Gavin King, better known by his stage name Aphrodite, is a British jungle and drum and bass DJ/producer on the Urban Takeover label. Also known as A Zone or DJ Aphro, he contributed to and influenced the genre's styles and techniques. He was born in Aberystwyth, Wales, and moved to London with his family as a toddler. He has studied computer science. He was one half of breakbeat hardcore group Urban Shakedown (with Claudio Giussani) who scored a UK top 40 hit with "Some Justice". The duo appeared in an article of Amiga Format magazine after using two Amiga 500 computers to help create the track.

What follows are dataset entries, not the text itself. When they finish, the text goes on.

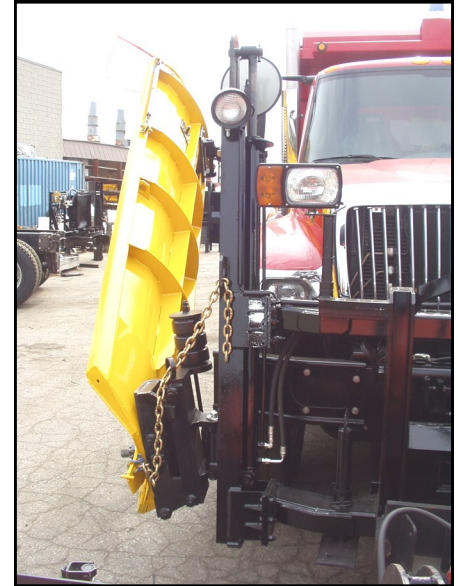

“ACPEA” PATROL WING SYSTEM SERIES

“QUALITY by DESIGN”

- ▶ Our ACPEA Patrol Hydraulic Telescopic Single Wing Arm Wing System is modular for easy installation and removal.

- ▶ The ACPEA Patrol Wing System is designed for severe duty applications.

A proven modern concept that offers reliability, durability and ease of operation and service.

EVEREST EQUIPMENT CO.

HEAVY-DUTY SNOW & ICE CONTROL

“ACPEA” PATROL WING SYSTEM SERIES

- ▶ Our ACP48 front tower is independently controlled providing 48” of vertical wing lift. This system incorporates our 30 degree rubber timbren safety trip dee for full moldboard trip action.
- ▶ The tower’s slider assembly runs full length of the front tower and allows for 6” of wing float.
- ▶ The tower bolts to the front hitch support cross tubes.
- ▶ The modular tower attachment brackets provide simple removal to allow for service or off-season weight savings.
- ▶ If the truck is fitted out with a Power Tilt hitch, this tower will tilt forward with the hitch for ease of truck servicing.

- ▶ Our low profile ACPEA patrol rear module minimizes the mounting area required behind the truck cab for installation.
- ▶ The ACPEA rear module incorporates a hydraulic cylinder to raise and lower the rear of the wing moldboard.
- ▶ The wing arm mounting structure is designed to be removable through a pull pin device.
- ▶ The rear assembly incorporates a base basket to reduce the amount of space requested to mount a sander application or standard dump box.

- ▶ The ACPEA is designed with a single telescopic wing arm with a built in compression spring shock absorber. The wing arm has a cylinder mount to the side to allow the wing arm to extend outwards by 21” to increase the cleared path as needed.
- ▶ This design also allows for limited shelving capabilities.
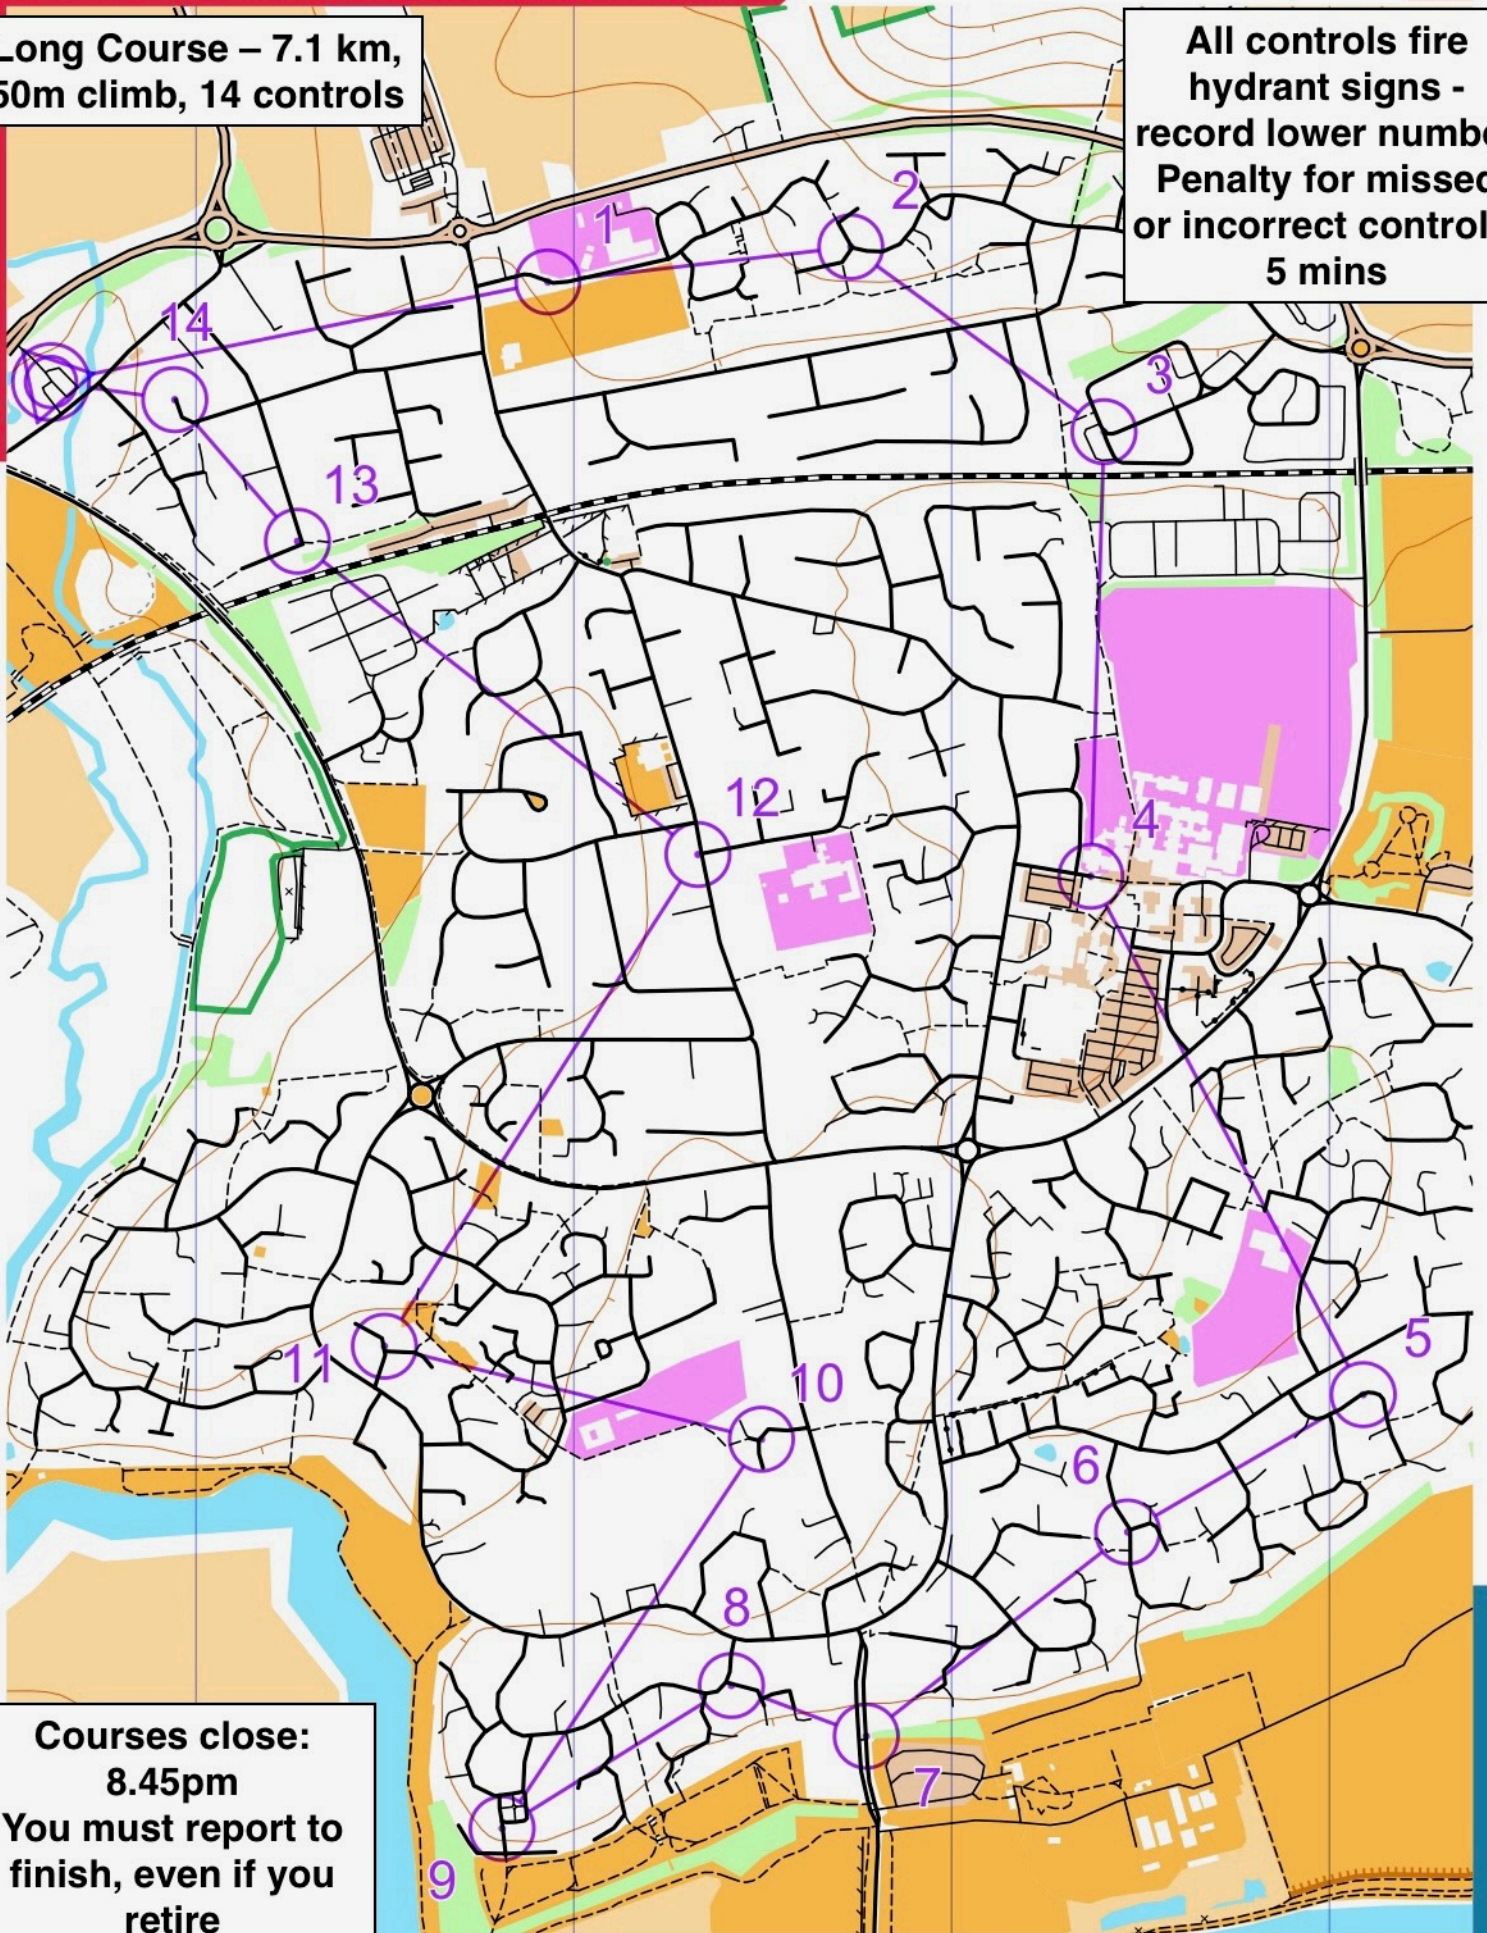

# STH WOODHAM FERRERS 2024 LONG

scale 1:10000, contours 5m  
500m

**Long Course – 7.1 km,  
50m climb, 14 controls**

**All controls fire  
hydrant signs -  
record lower number  
Penalty for missed  
or incorrect control –  
5 mins**

**Courses close:  
8.45pm  
You must report to  
finish, even if you  
retire  
Organiser contact  
No: 07724 664079**

**Havering & South Essex Orienteering Club (HAVOC)  
www.orienteering-havoc.co.uk**

Map data: © OpenStreetMap contributors; Open Database Licence.  
Contours: © Environment Agency copyright and/or database right 2015. All rights reserved.  
OOM created by Oliver O'Brien. Make your own: <https://oormap.dna-software.co.uk/>

OOM v4 developed by David Dixon  
Map ID: 6719008a19f0f

DJ Aphrodite is behind Aphrodite Recordings which was inspired by a club he ran in 1988 called 'Aphrodite'. His debut album was a self-titled effort under V2 Recordings, released in 1999. The follow-up was Aftershock which was again released under V2 Recordings on 24 June 2002.

Discography

Albums
 Aphrodite - Recordings (Yellow cover) (1997)
 Aphrodite (1999)
 Aftershock (2002)
 Break in Reality (2007)

CD mixes
 Urban Jungle (1999)
 Aph44 (2003)
 Urban Junglist (2003)
 Urbanthology Volume 1 (2005)
 Overdrive (2005)

CDs
 See Thru It (2004)

Compilations
 Park Rave Madness (1998)
 The Takeover Bid: Round 1 (1998)
 Egil Music Presents: Urban Jungle (1999)

Singles and EPs
 1996 "Bad Ass" (with Micky Finn)
 1999 "BM Funkster"
 2002 "All Over Me" (feat. Barrington Levy) - UK #76
 2002 "See Thru It" (feat. Wildflower) - UK #68
 2003 "Bad Ass (Reissue)" (with Micky Finn)
 2003 "Rinsing Quince"
 2003 "Let the Rhythm Flow / Stalker"
 2003 "Cool Flight"
 2003 "Music's Hypnotizing / King of the Beats"
 2003 "Mash Up Ya Know"
 2003 "Def Jammer"
 2003 "Cocaine / Calling the People"
 2004 "Fanfare / Karma Sutra"

See also
Drum and bass
Jungle music
Bass music

References

External links
 
 

British drum and bass musicians
Breakbeat hardcore musicians
British DJs
British record producers
Living people
Electronic dance music DJs
People from Aberystwyth
DJs from London
Year of birth missing (living people)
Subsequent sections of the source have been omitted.